Look through the lines below and extract each one that contains "westerse".

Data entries
_ _ _ _ _ _ _
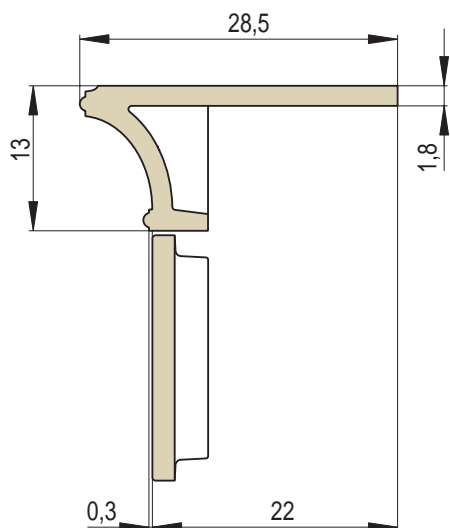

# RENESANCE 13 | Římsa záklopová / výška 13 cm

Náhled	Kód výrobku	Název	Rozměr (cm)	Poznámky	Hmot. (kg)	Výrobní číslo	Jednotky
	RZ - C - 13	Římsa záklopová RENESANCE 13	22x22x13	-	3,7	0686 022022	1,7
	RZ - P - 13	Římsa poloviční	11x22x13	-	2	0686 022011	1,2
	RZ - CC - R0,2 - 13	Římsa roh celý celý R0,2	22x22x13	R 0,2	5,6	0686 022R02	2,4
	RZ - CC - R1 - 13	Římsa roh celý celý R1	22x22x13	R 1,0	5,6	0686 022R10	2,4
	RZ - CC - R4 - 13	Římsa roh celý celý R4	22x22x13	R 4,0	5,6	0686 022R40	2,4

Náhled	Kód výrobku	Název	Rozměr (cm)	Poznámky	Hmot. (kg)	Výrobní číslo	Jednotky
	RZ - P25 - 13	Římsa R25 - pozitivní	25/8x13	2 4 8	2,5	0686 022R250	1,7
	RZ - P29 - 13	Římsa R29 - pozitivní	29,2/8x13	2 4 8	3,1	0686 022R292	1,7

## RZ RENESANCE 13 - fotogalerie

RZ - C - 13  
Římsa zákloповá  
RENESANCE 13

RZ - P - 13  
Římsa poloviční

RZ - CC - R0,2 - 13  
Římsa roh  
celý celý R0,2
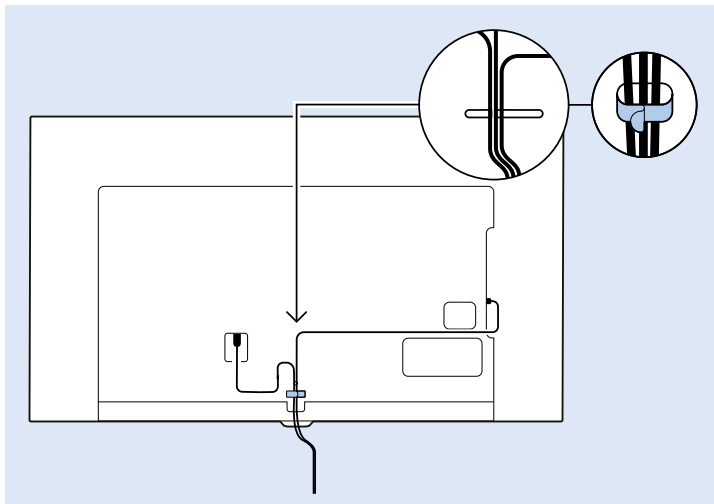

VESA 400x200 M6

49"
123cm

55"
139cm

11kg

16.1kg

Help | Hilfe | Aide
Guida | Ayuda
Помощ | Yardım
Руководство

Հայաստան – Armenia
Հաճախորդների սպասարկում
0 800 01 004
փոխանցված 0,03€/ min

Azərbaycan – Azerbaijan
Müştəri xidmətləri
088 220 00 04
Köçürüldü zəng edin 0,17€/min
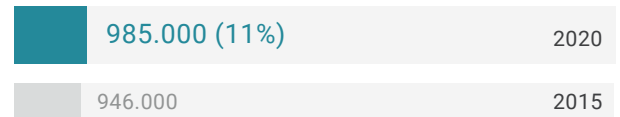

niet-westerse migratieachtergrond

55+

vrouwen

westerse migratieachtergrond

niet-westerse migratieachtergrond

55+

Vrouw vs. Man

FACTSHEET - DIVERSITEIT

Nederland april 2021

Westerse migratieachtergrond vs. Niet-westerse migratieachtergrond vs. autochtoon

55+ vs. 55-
_ _ _ _ _ _ _
### YOUR RESPONSE
niet-westerse migratieachtergrond
westerse migratieachtergrond
niet-westerse migratieachtergrond
Westerse migratieachtergrond vs. Niet-westerse migratieachtergrond vs. autochtoon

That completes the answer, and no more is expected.